= Elizabeth Buchanan Cowley =

American mathematician

Elizabeth Buchanan Cowley (1874–1945) was an American mathematician.

==Life==
Cowley was born on May 22, 1874, in Allegheny, Pennsylvania. She had four siblings, but they and her father all died by 1900. Cowley's mother, Mary Junkin Buchanan Cowley, later became a member of the Board of Public Education of Pittsburgh, and was the namesake of the Mary J. Cowley School in Pittsburgh. Cowley's grandfather (Mary Cowley's father) was James Galloway Buchanan, a surgeon in the Union Army.

Cowley earned a bachelor's degree in 1893 from the Indiana State Normal School of Pennsylvania, and became a school teacher. She earned a second bachelor's degree in 1901 and a master's degree in 1902 from Vassar College, and became an instructor at Vassar, studying higher mathematics during the summers at the University of Chicago. In 1908 she completed a doctorate from Columbia University. Her dissertation, on algebraic curves, was supervised by Cassius Jackson Keyser; she became the fourth woman to earn a doctorate in mathematics from Columbia. Continuing to work at Vassar, Cowley was promoted to assistant professor in 1913, and associate professor in 1916. She went on leave in 1926 to assist her mother, and resigned her position at Vassar in 1929, instead becoming a high school teacher in Pittsburgh.

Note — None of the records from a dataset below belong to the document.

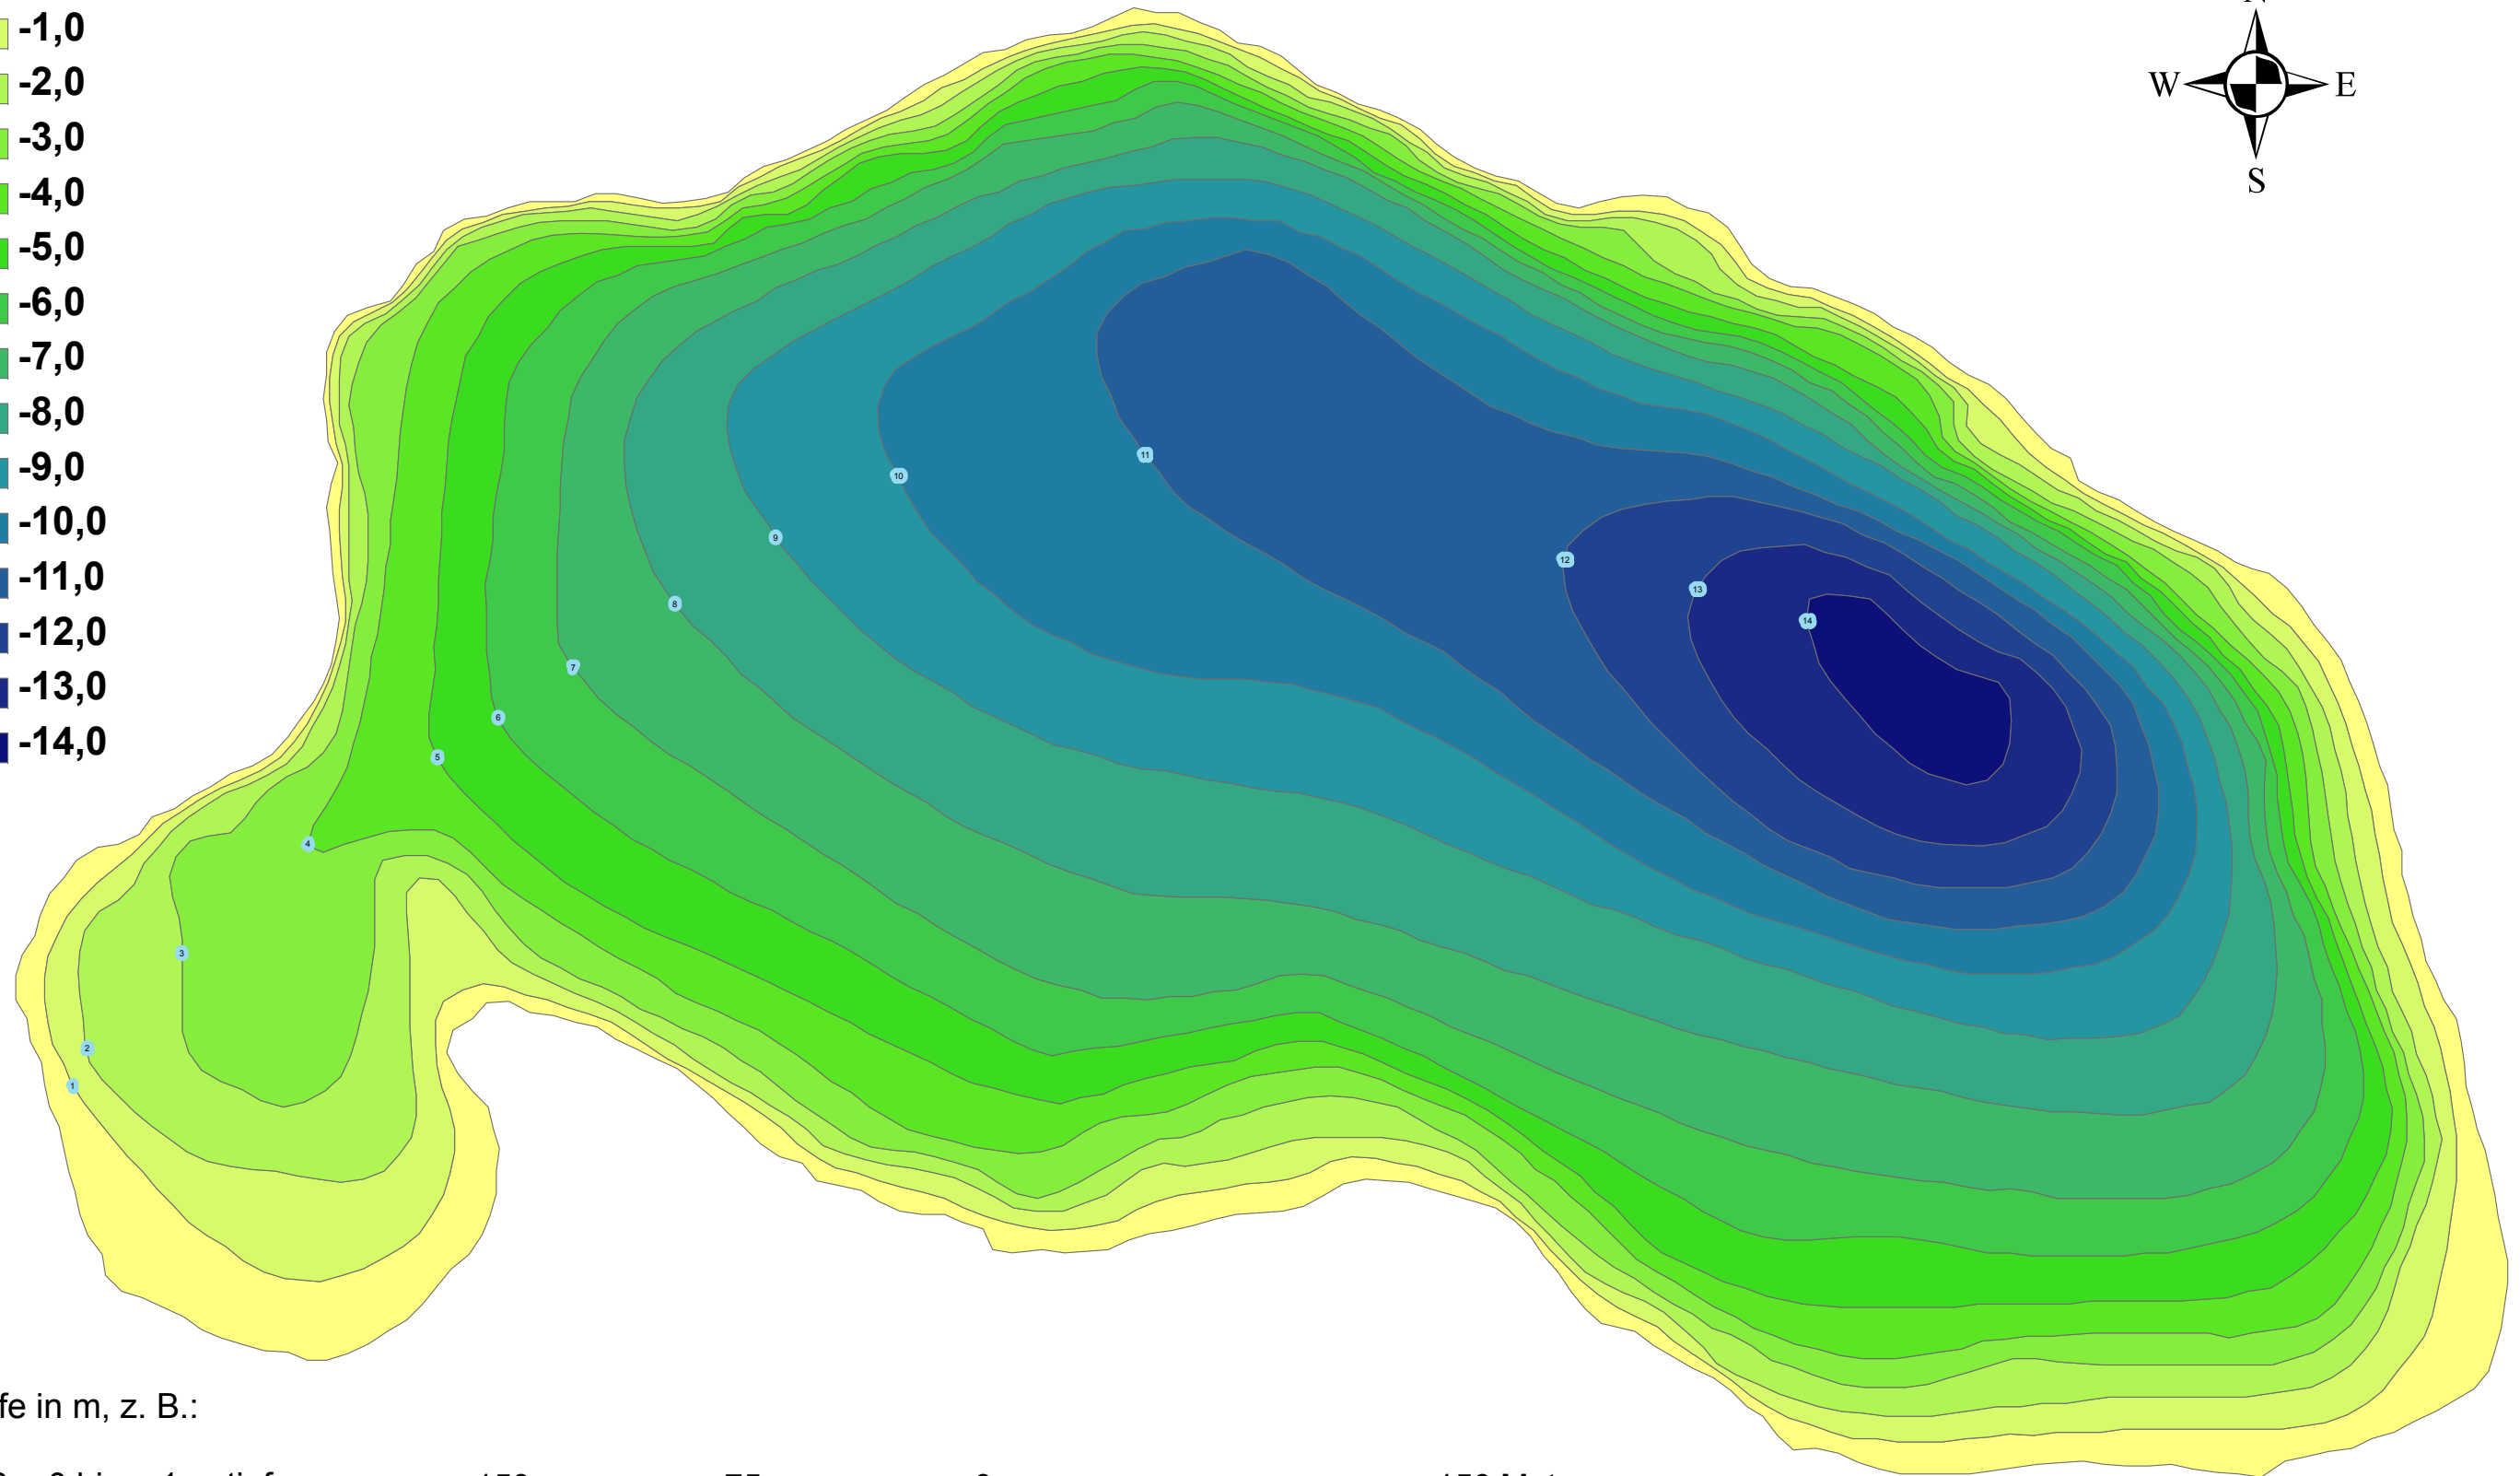

Schorssower Haussee

Legende

Tiefe in m, z. B.:

0,0 = 0 bis < 1 m tief
-1,0 = 1 bis < 2 m tief ...

Maximaltiefe: 14,61 m

Quelle: Ministerium für Landwirtschaft, Umwelt und Verbraucherschutz M-V, Seenreferat, 1998

She retired from teaching in 1938, had a stroke in 1941, and died on April 13, 1945, in Fort Lauderdale, Florida.

==Contributions==
Cowley and her co-author Ida Whiteside won a prize for a 1907 paper they wrote on the orbit of comet C/1825 V1. Another of her publications, in 1926, concerned liquid water pouring puzzles. She was the author of two textbooks on plane and solid geometry, published in 1932 and 1934, and advocated teaching solid geometry to high school students after many colleges had replaced the subject with freshman calculus. She published another book in 1941 about public education.

==Associations==
Cowley was an early member of the Mathematical Association of America, and became a member of its board of trustees when it incorporated in 1920.
She was an invited speaker at the International Congress of Mathematicians in 1932, speaking there about mathematics education. She also belonged to the American Mathematical Society, German Mathematical Society, and Circolo Matematico di Palermo.